### The records
::::::::::
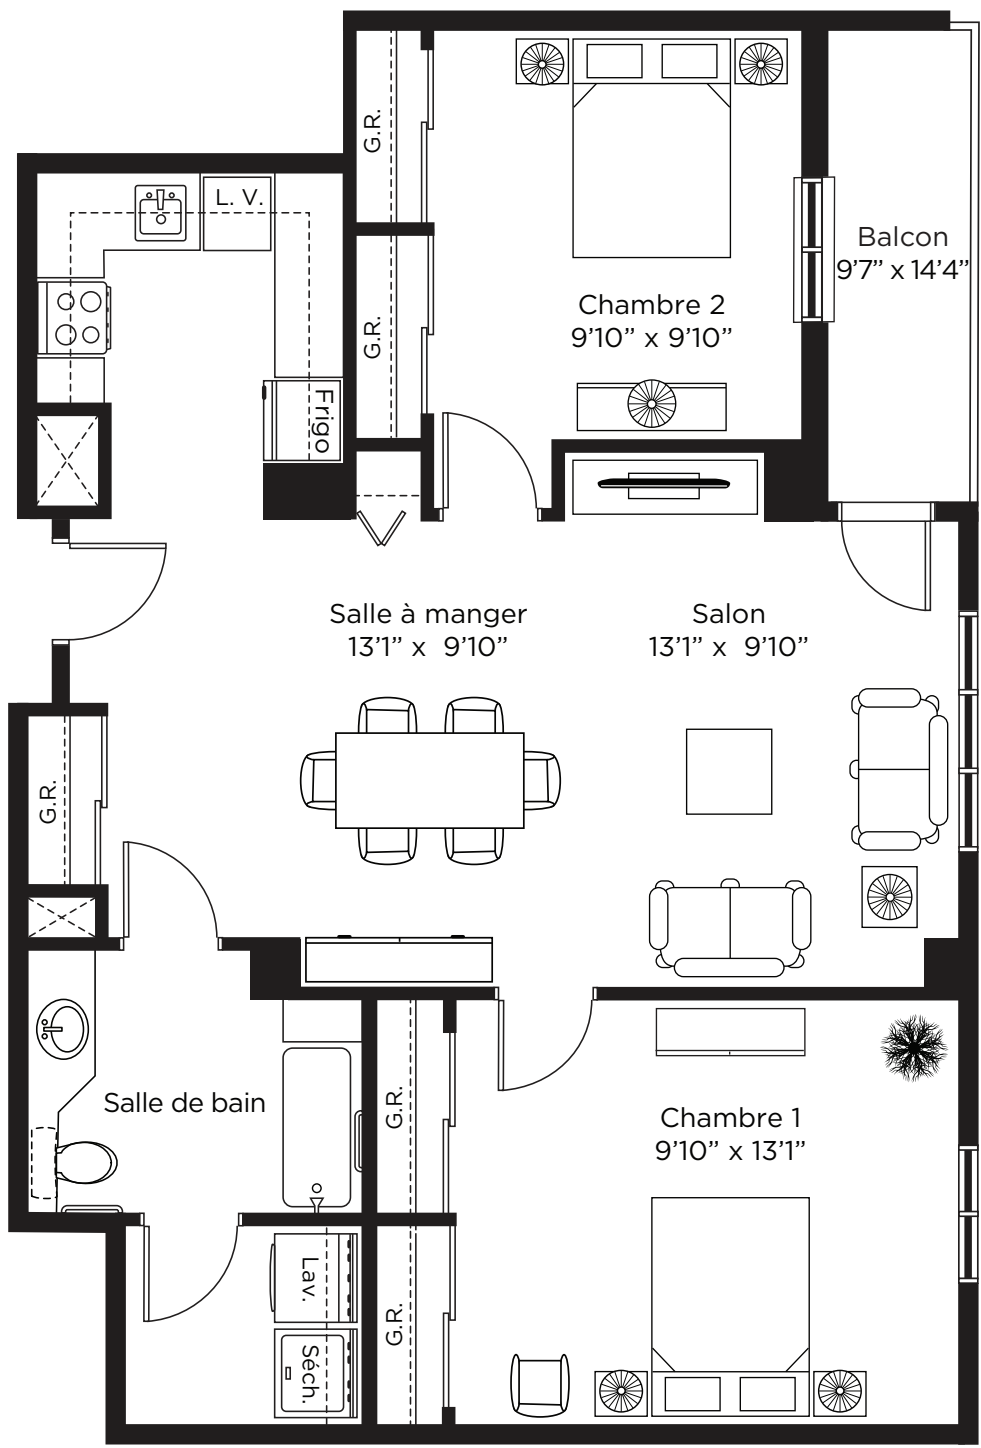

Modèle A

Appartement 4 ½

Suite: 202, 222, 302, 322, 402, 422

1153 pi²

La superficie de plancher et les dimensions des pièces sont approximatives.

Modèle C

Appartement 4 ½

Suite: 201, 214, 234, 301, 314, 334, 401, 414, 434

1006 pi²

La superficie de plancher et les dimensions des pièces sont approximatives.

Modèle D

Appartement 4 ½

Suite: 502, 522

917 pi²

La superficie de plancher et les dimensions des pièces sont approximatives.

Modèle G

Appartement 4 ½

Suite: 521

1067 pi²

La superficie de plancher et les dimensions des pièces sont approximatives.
::::::::::
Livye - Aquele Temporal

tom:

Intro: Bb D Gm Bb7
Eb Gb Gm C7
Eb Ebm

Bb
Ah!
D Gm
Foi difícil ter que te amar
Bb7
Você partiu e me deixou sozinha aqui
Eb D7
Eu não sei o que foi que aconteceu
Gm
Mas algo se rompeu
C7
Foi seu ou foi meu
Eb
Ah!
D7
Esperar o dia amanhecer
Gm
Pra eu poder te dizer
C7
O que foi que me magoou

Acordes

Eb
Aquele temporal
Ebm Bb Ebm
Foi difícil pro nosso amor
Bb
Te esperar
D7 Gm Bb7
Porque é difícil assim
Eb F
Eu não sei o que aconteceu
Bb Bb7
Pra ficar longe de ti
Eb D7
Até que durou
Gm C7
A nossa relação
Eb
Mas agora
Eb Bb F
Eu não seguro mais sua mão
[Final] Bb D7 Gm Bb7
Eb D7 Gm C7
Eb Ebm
::::::::::
Above this task is a listing. Restate, word for word and with nothing added, the lines from the one with "Eb Gb Gm C7" through the one with "Porque é difícil assim".

Eb Gb Gm C7
Eb Ebm

Bb
Ah!
D Gm
Foi difícil ter que te amar
Bb7
Você partiu e me deixou sozinha aqui
Eb D7
Eu não sei o que foi que aconteceu
Gm
Mas algo se rompeu
C7
Foi seu ou foi meu
Eb
Ah!
D7
Esperar o dia amanhecer
Gm
Pra eu poder te dizer
C7
O que foi que me magoou

Acordes

Eb
Aquele temporal
Ebm Bb Ebm
Foi difícil pro nosso amor
Bb
Te esperar
D7 Gm Bb7
Porque é difícil assim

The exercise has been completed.